**Data excerpt:**

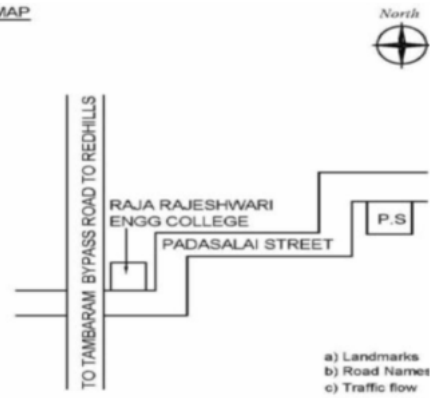

scale 1cm : 1m

Minimum Basic Facility (Please ✓)	Water	Ramp	Plug Points	Toilet	Healthcare
	✓	✓	✓	✓	✓

KEY MAP

**Exercise brief:**
Every line above is to be repeated exactly, but no picture is to appear in the copy.

**Output for this exercise:**
scale 1cm : 1m

Minimum Basic Facility (Please ✓)	Water	Ramp	Plug Points	Toilet	Healthcare
	✓	✓	✓	✓	✓

KEY MAP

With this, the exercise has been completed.